Lo scorso anno, ricorda Amira Hass sul quotidiano Haaretz, un quarto dei palestinesi viveva sotto la soglia della povertà: rispettivamente il 39 per cento a Gaza e il 14 per cento in Cisgiordania. Circa 80 per cento degli abitanti della Striscia dipende dagli aiuti economici, mentre oltre la metà (60 per cento) dei giovani di Gaza è disoccupata. All’origine della crisi economica palestinese, come ha notato la Banca Mondiale, ci sono le limitazioni ai movimenti di beni e persone imposte da Israele, ma soprattutto il controllo israeliano del 60 per cento della Cisgiordania noto come area C.
Sul banco degli imputati, quindi, salgono gli Accordi di Oslo: dal 1993, fa notare la Banca Mondiale, si è registrato un costante declino delle capacità industriali, agricole e delle esportazioni. Una situazione definita dalle due organizzazioni “insostenibile”.

Insostenibile sarebbe quindi anche l’occupazione ma, come fa notare Amira Hass, le due organizzazioni internazionali hanno emesso solo generiche raccomandazioni per Israele (rimozione delle restrizioni, versamento dei proventi delle tasse all’Anp), mentre a Ramallah sono toccati i compiti: esercizio della disciplina fiscale, con tagli alla spesa per gli stipendi dei dipendenti statali – oltre al congelamento degli stessi impiegati – maggiore controllo sulla riscossione delle imposte e cancellazione dei sussidi per il carburante. Non solo: alte imposte indirette e basse dirette generano una regressione, e il sistema, secondo il FMI va cambiato al più presto.

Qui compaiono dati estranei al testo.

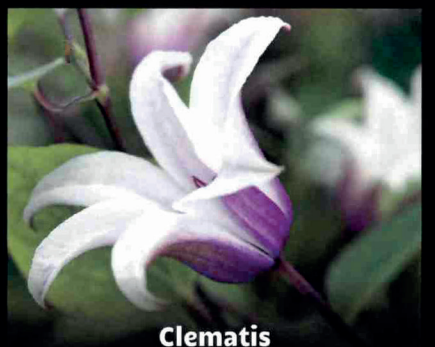

KLETTERPFLANZEN

**Clematis Boulevard®
'Bernadine'™**

**Clematis
'Crystal Fountain Regal'**

**Clematis
'Diamantina Regal'**

**Clematis
Dutch Sky**

**Clematis
'Empress'**

**Clematis
'Giselle'**

**Clematis
'Imke'**

**Clematis
'Josephine Regal'**

**Clematis
Kokonoe**

**Clematis
'Manju'^{PBR}**

**Clematis
'Midori'**

**Clematis
'Olympia'**

**Clematis
'Ooh La La Boulevard'**

**Clematis
'Princess Kate'**

**Clematis
'Taiga'**

**Clematis
'Tie Dye'**

**Actinidia
kolomikta**

**Akebia
quinata**

**Aristolochia
macrophylla**

**Hydrangea petiolaris
'Silver Lining'**

**Parthenocissus quinquefolia
'Engelmannii'**

**Parthenocissus tricuspidata
'Veitchii'**
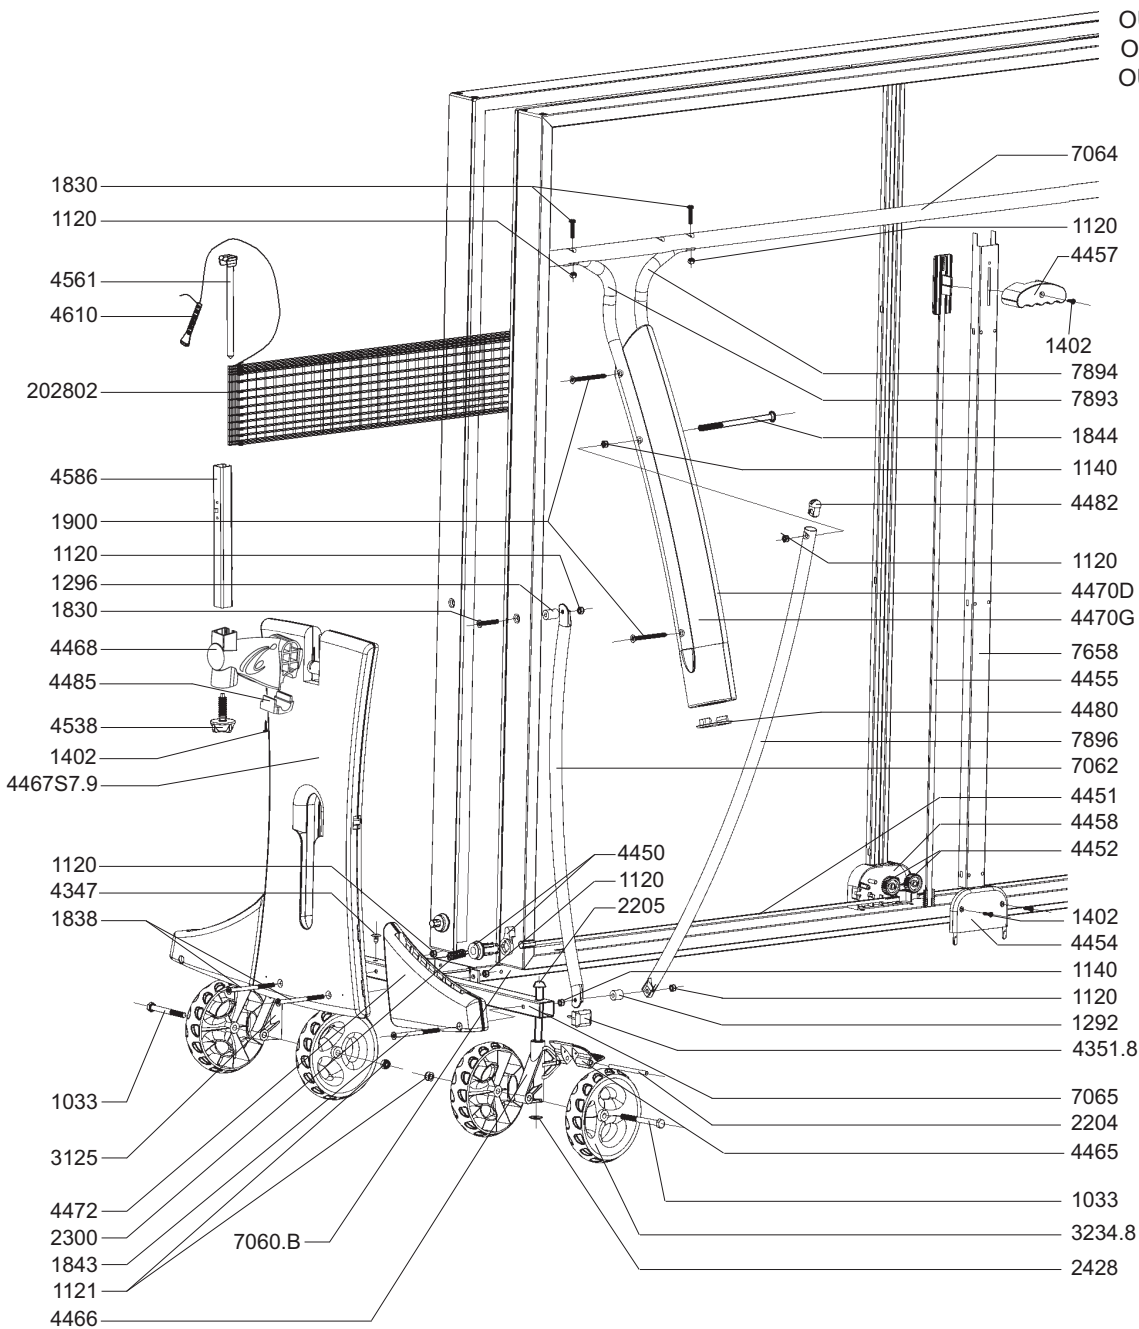

# 300 S OUTDOOR

## Nomenclature des pièces détachées - Spare parts list

OUTDOOR BLEU PL133005/1  
 OUTDOOR GRIS PL133007/1  
 OUTDOOR VERT PL133006/1

	Ø8x80 <b>1033</b>
	Ø6 <b>1140</b>
	Ø6 <b>1120</b>
	Ø8 <b>1121</b>
	Ø6x15x15 <b>1292</b>
	Ø6x15x21 <b>1296</b>
	Ø4x20 <b>1402</b>
	Ø6x74 <b>1900</b>
	Ø6x35 <b>1830</b>
	Ø6x80 <b>1838</b>
	Ø6x90 <b>1843</b>
	Ø6x110 <b>1844</b>
	<b>2300</b>

Dulcis in fundo, un’altra raccomandazione che potrebbe costare molto all’ANP a livello di vite umane: tagliare la spesa del Ministero della Salute, riducendo il numero di pazienti inviati per trattamenti in Israele e anche quelli dalla Striscia di Gaza – in cui gli ospedali sono danneggiati dalla recente offensiva israeliana – alla Cisgiordania e a Gerusalemme Est.

Fonte

Ovviamente i compiti a casa (la solita austerità) li devono fare i palestinesi, non sia mai che siano gli israeliani a dover sloggiare dai territori occupati.